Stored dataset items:
───

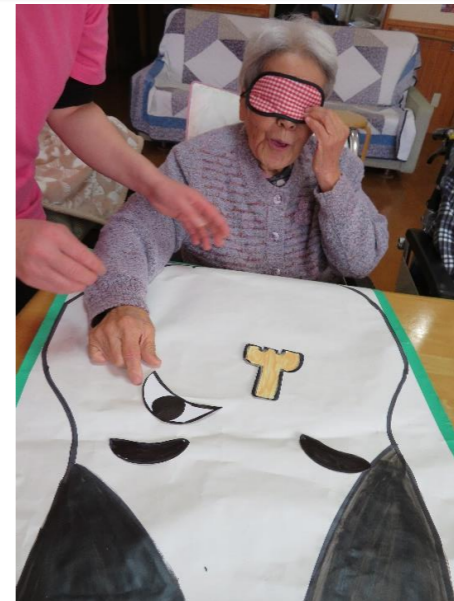

# 「わかばの郷」だより 2月号

1月の活動

宮司さんが特別にお参りをして下さいました  
ありがとうございます  
ありがとうございます

今年も  
お願いします

初詣に出かけました

皆さん今年の健康を願って真剣にお参りしていました

色々なおたふくさんに大笑い(≧▽≦)

小野和江様の御主人が  
作って下さいました  
いつもありがとうございます

───

### Prompt
Each of the entries above must be copied exactly, but the pictures stay out.

### Solution to this task
# 「わかばの郷」だより 2月号

1月の活動

宮司さんが特別にお参りをして下さいました  
ありがとうございます  
ありがとうございます

今年も  
お願いします

初詣に出かけました

皆さん今年の健康を願って真剣にお参りしていました

色々なおたふくさんに大笑い(≧▽≦)

小野和江様の御主人が  
作って下さいました  
いつもありがとうございます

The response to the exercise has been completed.